▶ [What you will do]
Restate all the lines below word for word, but omit the pictures.

[Saved data entries]
* * * * * * *

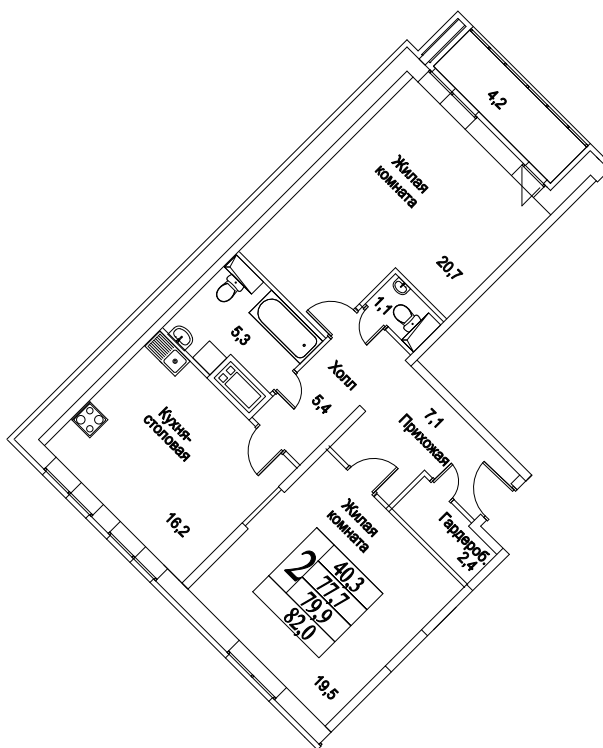

корпус

2

КОМНАТЫ

89,4

ПЛОЩАДЬ М<sup>2</sup>

8 582 400

СТОИМОСТЬ, РУБ.

Московская область, г. Видное, ул. Олимпийская

+7 (495) 777-17-19

ЖК Битцевские Холмы -

Студии, Однокомнатные, Двухкомнатные,  
Трехкомнатные

корпус

ЖИЛОЙ КОМПЛЕКС  
• БИТЦЕВСКИЕ •  
ХОЛМЫ

2

КОМНАТЫ

89,4

* * * * * * *

▶ [Answer for this exercise]
корпус

2

КОМНАТЫ

89,4

ПЛОЩАДЬ М<sup>2</sup>

8 582 400

СТОИМОСТЬ, РУБ.

Московская область, г. Видное, ул. Олимпийская

+7 (495) 777-17-19

ЖК Битцевские Холмы -

Студии, Однокомнатные, Двухкомнатные,  
Трехкомнатные

корпус

ЖИЛОЙ КОМПЛЕКС  
• БИТЦЕВСКИЕ •  
ХОЛМЫ

2

КОМНАТЫ

89,4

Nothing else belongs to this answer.